Gazeteci yazar Cenk Başlamış, Gülmezoğlu'nu bir yazısında şöyle anlatmıştı:
"Gülmezoğlu'nun "hayatı roman" demek onun 71 yıla sığdırdıklarını hafife almak olur. Anneannesi Anastasiya, 1917 Devrimi'nden Fransa'ya kaçmış bir Rus. Annesi Katya, anneannesinin Yunan asıllı bir Fransız'la yaptığı evlilikten. Dedesi 1923 yılında demiryolu mühendisi olarak ailesiyle Türkiye'ye gelmiş. Babası Atatürk'ün fotoğrafçılarından.1935 yılında Moda'da doğan Gülmezoğlu buradaki özel Assomsionist yuvaya gitmiş, Fransızca, Latince ve Yunanca öğrenmiş, sonra St. Joseph'in yolunu tutmuş. Hirram Abbas ve Gökşin Sipahioğlu okul arkadaşları.1954 yılında Sorbonne'a gitmiş, dönüşünde Güzel Sanatlar Akademisi'ne girerek mimarlık eğitimi almış. Macar, ABD'li,Türk ve Fransız toplam dört eşi olmuş, ancak hepsinden boşanmış. Paris'te ve New York'ta ünlü mimarlarla çalışmış.
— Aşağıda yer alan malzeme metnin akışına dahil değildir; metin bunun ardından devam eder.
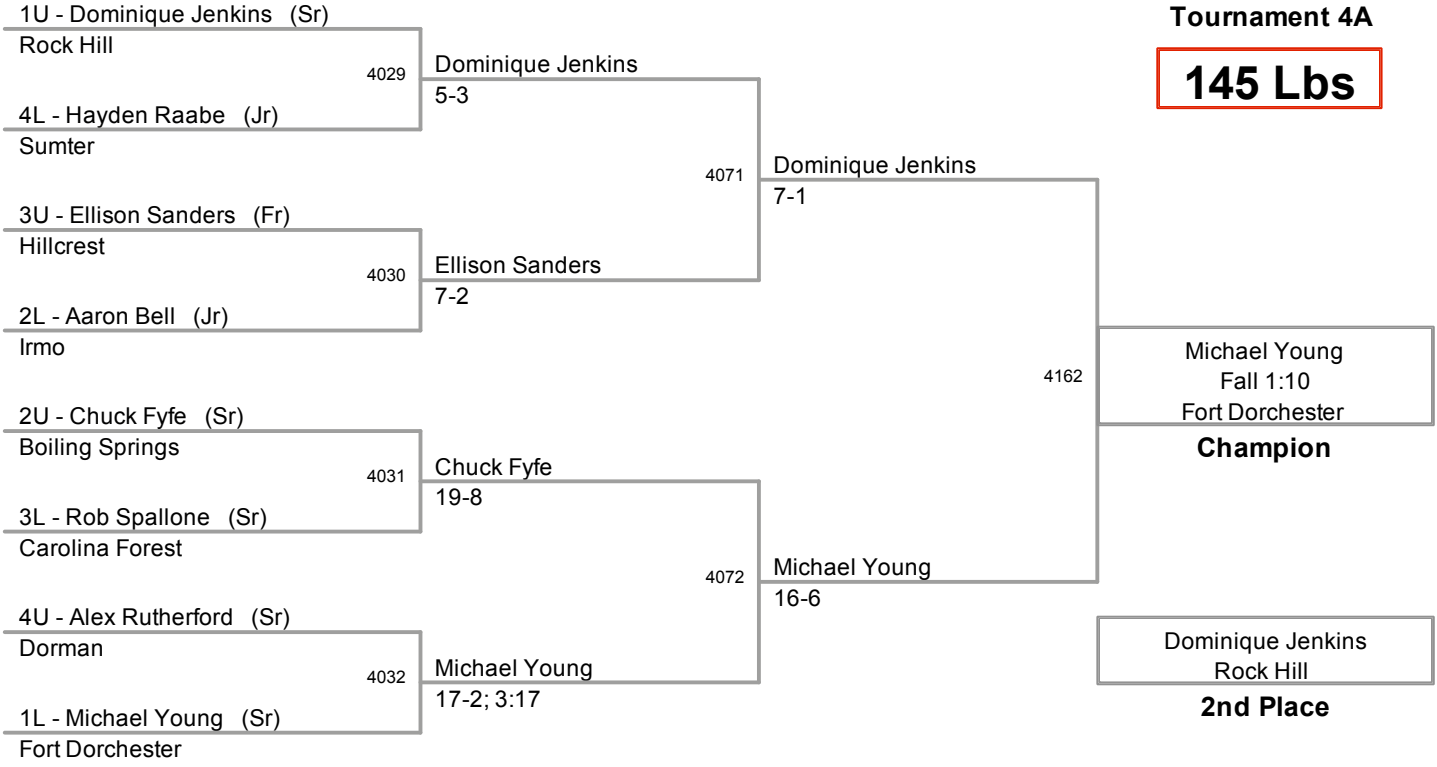

2010 SCHSL State
Tournament 4A

130 Lbs

2010 SCHSL State
Tournament 4A

135 Lbs

2010 SCHSL State
Tournament 4A

140 Lbs

2010 SCHSL State
Tournament 4A

145 Lbs
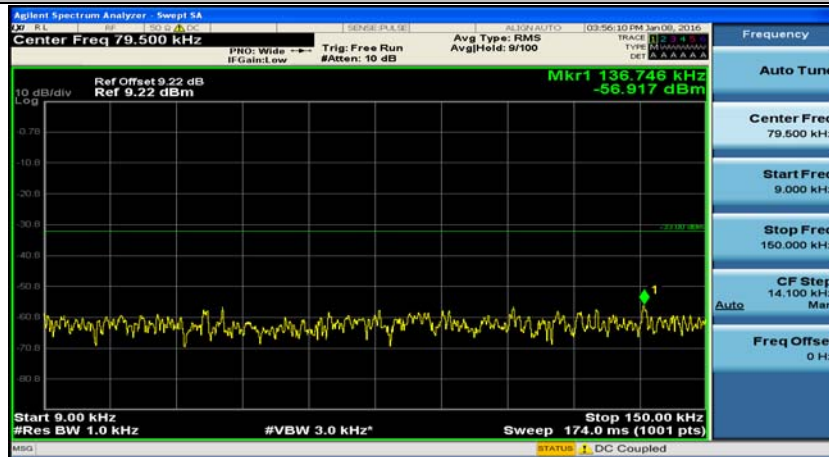

(Channel Bandwidth: 1.4 MHz)_HCH_16QAM_3RB#0
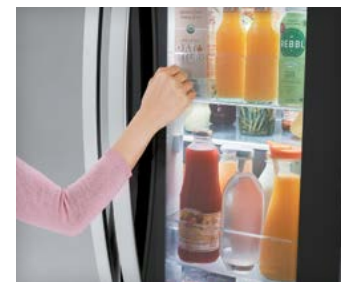

Built-in style, full-size capacity—only with LG Counter-Depth Max

LG is the first and only brand to give you the capacity you typically get in a standard-depth refrigerator with the built-in look of a counter-depth.* Stock up with room to store it all—then spot what you need in an instant with two quick knocks on the InstaView® window. The convenient internal dispenser offers easy access to filtered water while providing a sleek front with no visible dispenser.

*Based on marketplace survey May 2022.

Industry's Largest Counter-Depth Capacity

GET STANDARD-DEPTH CAPACITY IN A SLEEK, COUNTER-DEPTH DESIGN*

- Only LG delivers the ultra-large capacity of a standard-depth fridge packaged in a counter-depth design* for a seamless, built-in look
- Stock up on everything you need and enjoy 25% more space** for your family's favorite foods and drinks
- Two produce bins, a Glide N' Serve® drawer and other smart storage options let you organize multiple food types in many ways

Edge-to-Edge InstaView® Design

KNOCK TWICE TO SEE EVEN MORE THAN BEFORE

- InstaView® window is larger with a tinted, frameless edge-to-edge design—so now you can see even more with just two quick knocks on the glass panel
- See your favorites in an instant without ever opening the door, from drinks to frequently used condiments to snacks for the kids

Internal Water Dispenser

SINGLE-HANDED ACCESS TO FRESH, FILTERED WATER

- Get a fast, easy fill that's always within arm's reach
- Conveniently dispense filtered water into your cup, pitcher or even a small saucepot with just one hand
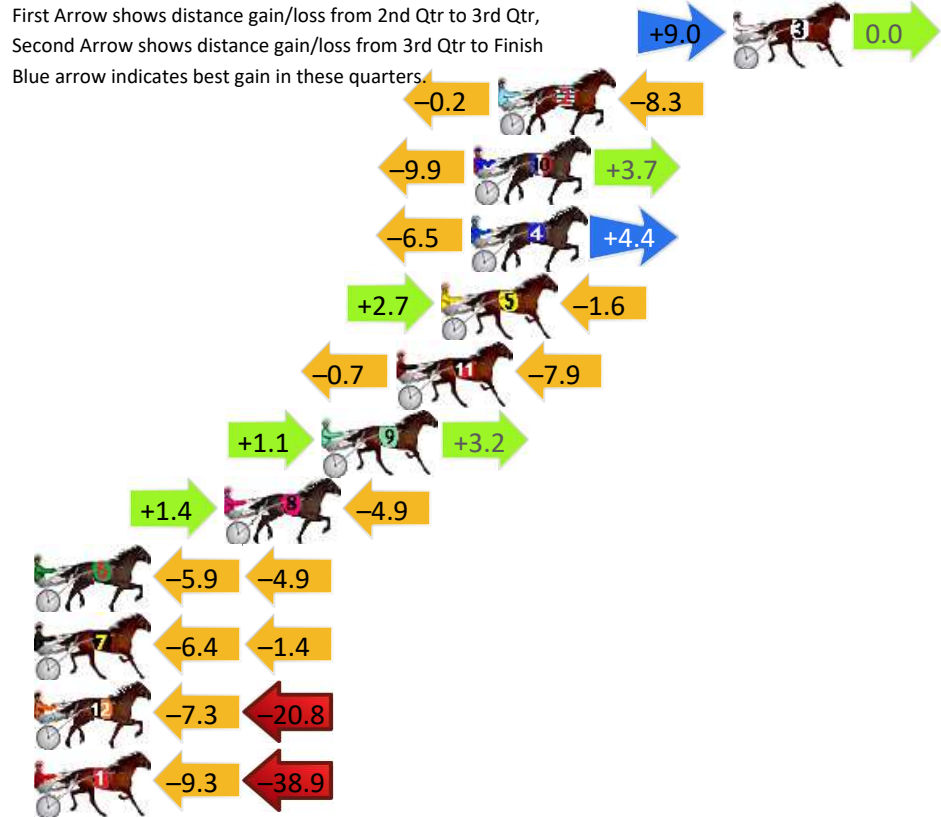

Gloucester Park Race 7 Distance 2130m

Friday, 19 July 2024

Gross Time: 2:38.20 MileRate: 1:59.50 LeadTime: 38.60s First Qtr: 31.90s Second Qtr: 30.50s Third Qtr: 28.60s Fourth Qtr: 28.60s

DATA TABLE: 800 / 400 Posi's are position from leader and (how wide the horse was at that position)

No	Horse	Plc	Mar	800 Posi	400 Posi	Time	3rd Qtr	4th Qt
3	SWAGGER MAN	1	0.0m	9.0m (1)	0.0m (1)	2:38.20	27.96s	28.60s
2	MAJOR FREEWAY	2	9.4m	0.9m (1)	1.1m (0)	2:38.91	28.62s	29.23s
10	GET YA BETS ON	3	10.4m	4.2m (0)	14.1m (0)	2:38.98	29.30s	28.38s
4	ACOLTNAME DSU	4	10.5m	8.4m (0)	14.9m (1)	2:38.99	29.06s	28.33s
5	BALTIC ACE	5	11.7m	12.8m (1)	10.1m (1)	2:39.08	28.41s	28.76s
11	DISCO UNDER FIRE	6	13.5m	4.9m (1)	5.6m (1)	2:39.21	28.65s	29.21s
9	JOHNNY LOMBO	7	16.5m	20.8m (1)	19.7m (2)	2:39.44	28.52s	28.44s
8	CAVALRY CALL	8	20.4m	16.9m (1)	15.5m (2)	2:39.73	28.50s	29.03s
6	THE BATMOBILE	9	28.0m	17.2m (0)	23.1m (1)	2:40.30	29.02s	29.06s
7	CRACKA TINNY	10	29.2m	21.4m (0)	27.8m (0)	2:40.39	29.06s	28.81s
12	LETS ROCK TONIGHT	11	41.0m	12.9m (0)	20.2m (0)	2:41.28	29.12s	30.24s
1	SOHO CONFIDENTIAL	12	48.2m	0.0m (0)	9.3m (0)	2:41.82	29.26s	31.56s

Finish Position and metres gained

800

Visual positions in race at 2nd Quarter

1968 yılında Enka'ya giren Gülmezoğlu Libya ve Suudi Arabistan'dan sonra 1988'de Moskova'nın yolunu tutmuş. Gülmezoğlu, Milliyet'le söyleşinde, Türk inşaatçıların Rusya'daki en büyük başarısı olarak Kremlin yakınındaki Petrovskiy Pasajı'nı gösteriyor. 100 yıllık pasajın aslına uygun onarılması diğer işlerin yolunu açmış. Gülmezoğlu, "Bizim için önemli olan aldığımız işi, zarar bile etsek söz verdiğimiz tarihte bitirmek" diyor.
Gülmezoğlu,Türk işçilerini ünlü Bolşoy Tiyatrosu'nun önünde kız arkadaşlarını ellerinde çiçekle beklerken gördüğü anı unutamadığını söylüyor. "İşçilerimiz Arabistan'da da çalıştı ama kimse Arapça öğrenmedi. Oysa burada yarısı Rusça konuşuyor, konsere,müzeye gidiyor" diyor."